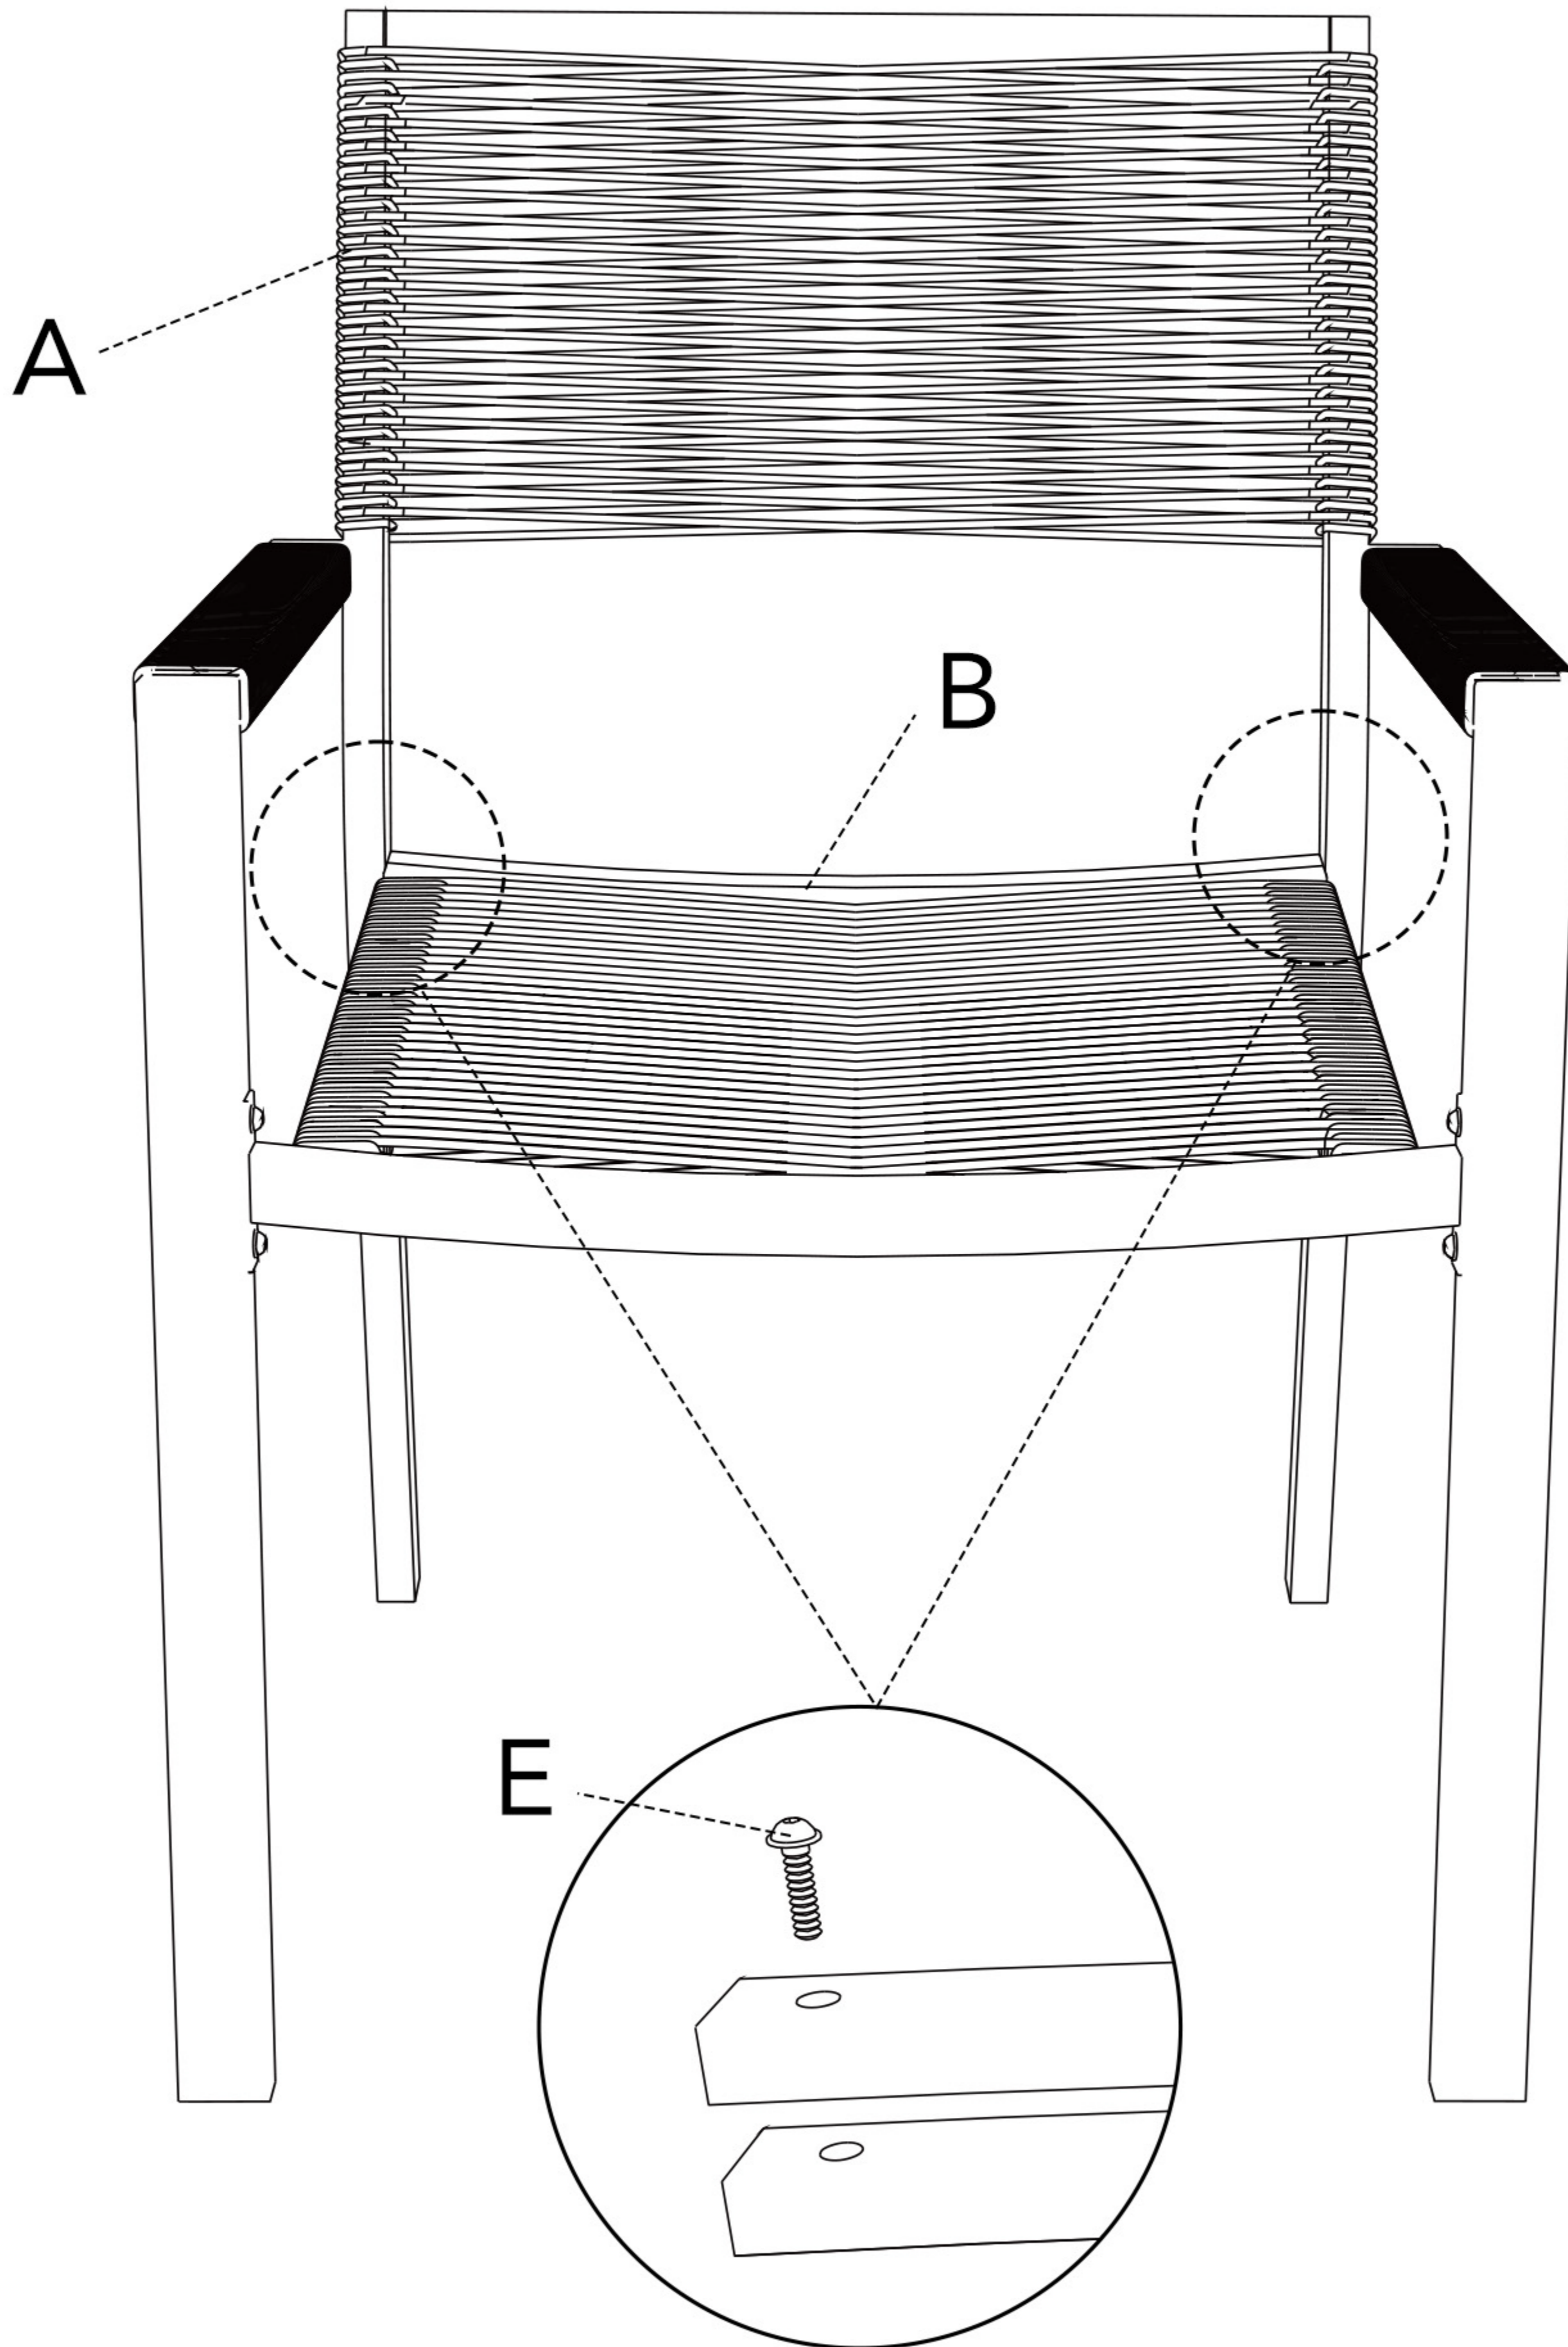

STEP 3

Attach Seat Plate[B] to the Seat Back[A] , with 2pcs M6X25mm bolts[E] and Washers.

Note: After securing all the screws, attach the Screw Caps.

E x2
* * *
**What to produce:**
Write down exactly the line that contains "Attach Seat Plate[B]" along with all later lines of the material, ending at its final line.

**Result below:**
Attach Seat Plate[B] to the Seat Back[A] , with 2pcs M6X25mm bolts[E] and Washers.

Note: After securing all the screws, attach the Screw Caps.

E x2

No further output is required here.